=================================================================================
A neural network is a computational model inspired by the structure and functioning of the human brain. It is a fundamental building block in the field of artificial intelligence and machine learning. Neural networks consist of interconnected nodes, known as neurons or artificial neurons, organized into layers. These networks are designed to process information and perform tasks by learning from data.
Here are some key components of a neural network:

Neurons: Neurons are the basic processing units in a neural network. Each neuron receives input, processes it, and produces an output. Neurons are often represented mathematically as nodes that perform mathematical operations on their inputs.
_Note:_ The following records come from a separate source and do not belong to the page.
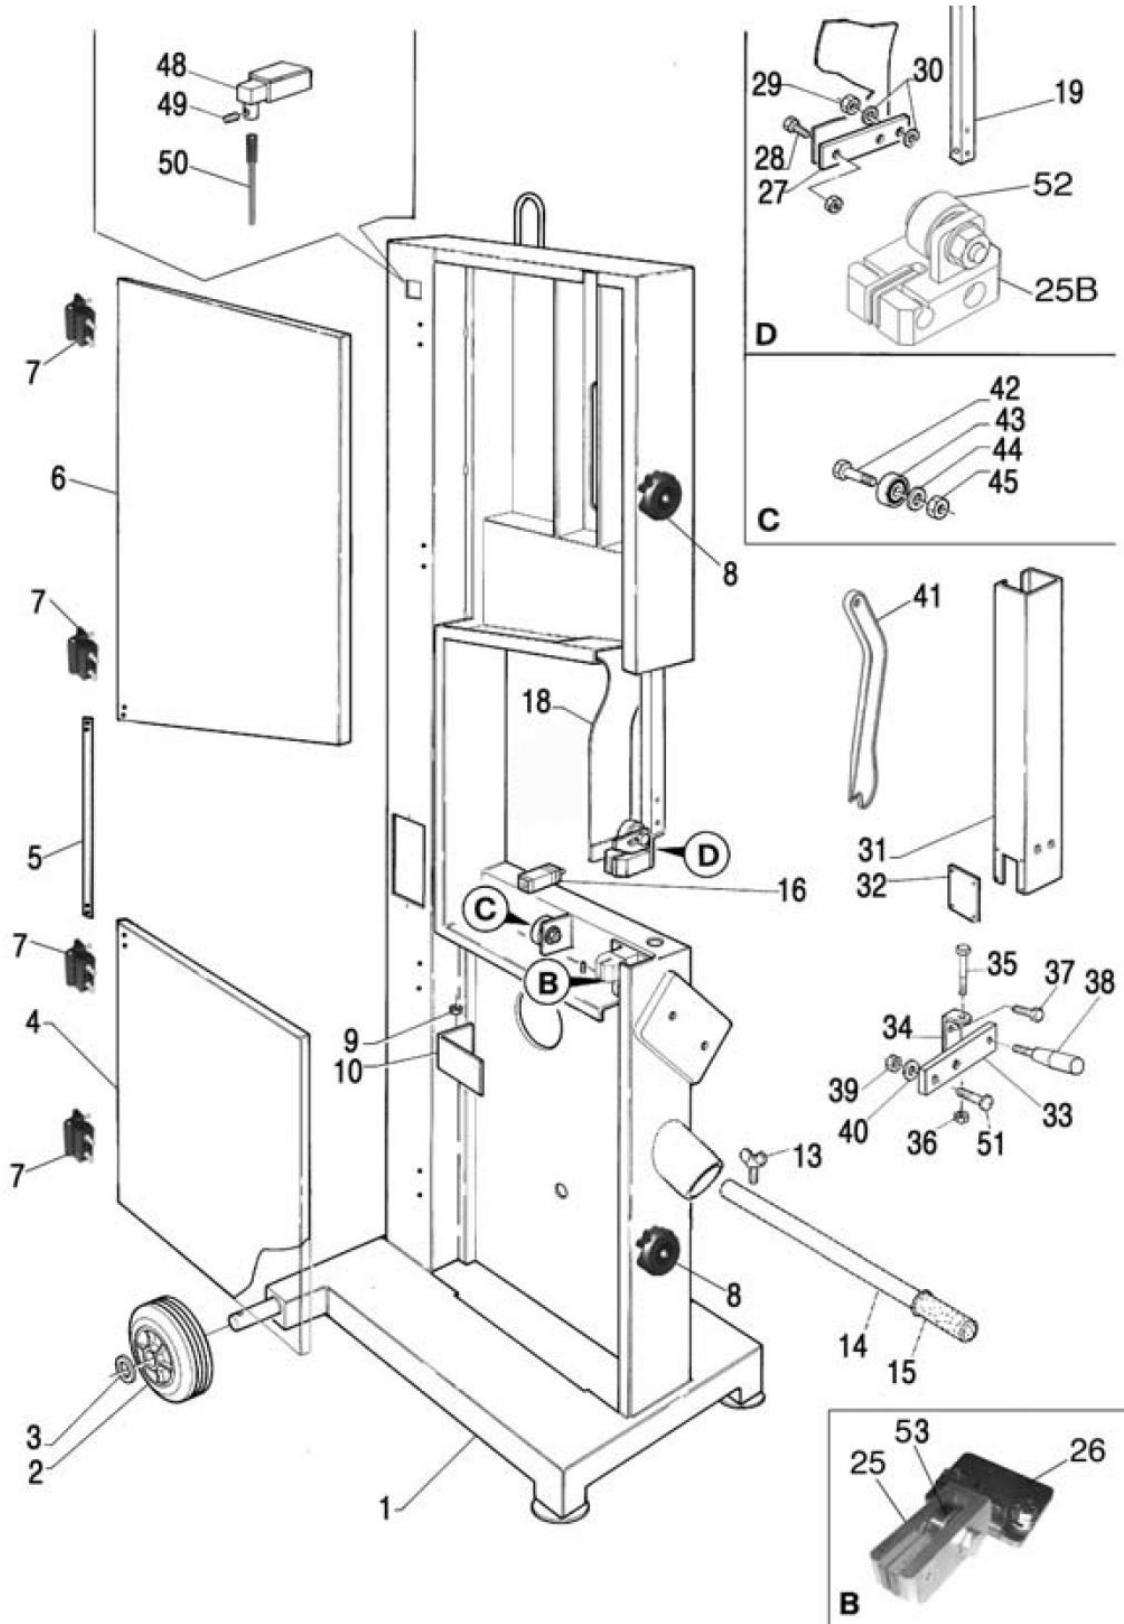

# CB 511- IT

ELENCO PARTI DI RICAMBIO

Traduzione del libretto in originale

# TELAIO – CB511 IT

**TELAIO – CB511 IT**

<b>Pos.</b>	<b>Descrizione</b>
1	telaio
2	ruota d.200
3	rosetta
4	carter inferiore
5	staffa
6	carter superiore
7	cerniera
8	pomello eccentrico
9	dado
10	protezione
13	vite
14	timone
15	manopola
16	finecorsa elettrico
18	lamina
19	stelo
25	kit guidalama Lama 41
25B	kit guidalama Lama 41
26	staffa
27	staffa
28	vite
29	dado
30	rondella
31	protezione lama
32	vetrino
33	staffa
34	cerniera
35	vite
36	dado
37	vite
38	pomello
39	dado
40	rondella
41	spingitoio
42	vite
43	cuscinetto
44	rondella
45	dado
48	microinterruttore
49	grano
50	perno
51	vite
52	cuscinetto D30-D10-14
53	cuscinetto D30-D10-9

## TRASMISSIONE LAMA – CB511 IT

Pos.	Descrizione
1	kit registro
2	volantino
3	vite M10x20
4	perno
6	anello seeger
7	anello seeger
8	cuscinetti
9	volano superiore
10	volano inferiore
11	rondella
12	vite
13	riscontro tiraggio lama
14	vite M2x25
27	lama widia 41x3850mm
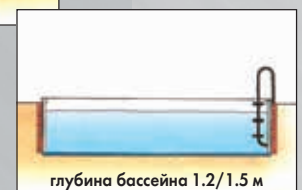

Варианты установки
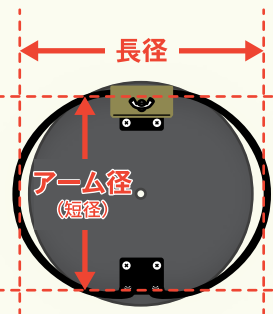

踏板部分を従来の木製から樹脂製に改良した人気モデルです。木製版よりも耐久性アップ、また板が水を吸わないので、水を吸ったことによる膨張・剥離によって動作不良となる心配が無くなりました。

台座には爪楊枝を指す穴が6個あいており、塩ビ管に指す爪楊枝の本数で踏み板が落ちる荷重を調節することができます。

踏み板 + 台座

スプリングセット

サイズ	アーム径 (短径 × 長径)
Sサイズ	12.0cm × 18.0cm
Mサイズ	15.0cm × 20.0cm
Lサイズ	18.0cm × 22.0cm

サイズ	台座 (内径 / 高さ)
Sサイズ	16.5cm / 8.0cm
Mサイズ	20.0cm / 8.0cm
Lサイズ	22.5cm / 8.0cm

A 完成品

踏み板 + 台座 + スプリングセット

サイズ	注文番号	価格
Sサイズ	K01	¥6,050 (税込)
Mサイズ	K02	
Lサイズ	K03	

B 踏み板 + 台座

スプリングセットは別売

サイズ	注文番号	価格
Sサイズ	K04	¥3,850 (税込)
Mサイズ	K05	
Lサイズ	K06

Layers: Neural networks are typically organized into layers. The three main types of layers are:
 Input Layer: This layer receives the initial data or features to be processed.
 Hidden Layers: These layers are intermediate layers between the input and output layers. They perform complex transformations on the input data.
 Output Layer: This layer produces the final output or prediction based on the information processed in the hidden layers.

Weights and Biases: Neurons in a neural network are connected by weighted connections, and each neuron has an associated bias. These weights and biases are parameters that the network learns from training data to make accurate predictions or perform specific tasks.

Activation Functions: Neurons apply activation functions to their weighted inputs to introduce nonlinearity into the model. Common activation functions include sigmoid, ReLU (Rectified Linear Unit), and tanh (hyperbolic tangent).

Forward Propagation: In a neural network, information flows forward from the input layer through the hidden layers to the output layer. This process is called forward propagation, and it involves computing the output of each neuron based on its inputs and activation function.

Backpropagation: Neural networks learn from data through a process called backpropagation. During training, the network computes the difference between its predictions and the actual target values (the loss or error). Then, it adjusts the weights and biases using gradient descent optimization to minimize this error. This iterative process updates the network's parameters to improve its performance.

Training Data: Neural networks require labeled training data to learn and generalize patterns. The network learns to make better predictions or classifications as it processes more examples during training.
Neural networks have been applied to various machine learning tasks, including image recognition, natural language processing, speech recognition, and many more. Deep learning, a subfield of machine learning, focuses on using deep neural networks with multiple hidden layers to solve complex tasks and has achieved remarkable success in recent years.
Table 4214a. Comparison among different layers in deep learning neural network.
Application example 

Input Layer 
Hidden Layer 
Output Layer 

Feedforward neural network for image classification 
Details 
 Number of Variables: Each pixel in the 28x28 image can be considered a variable. So, there are 28 x 28 = 784 variables in the input layer.
 No activation function is applied in the input layer; it simply passes the pixel values as they are to the next layer.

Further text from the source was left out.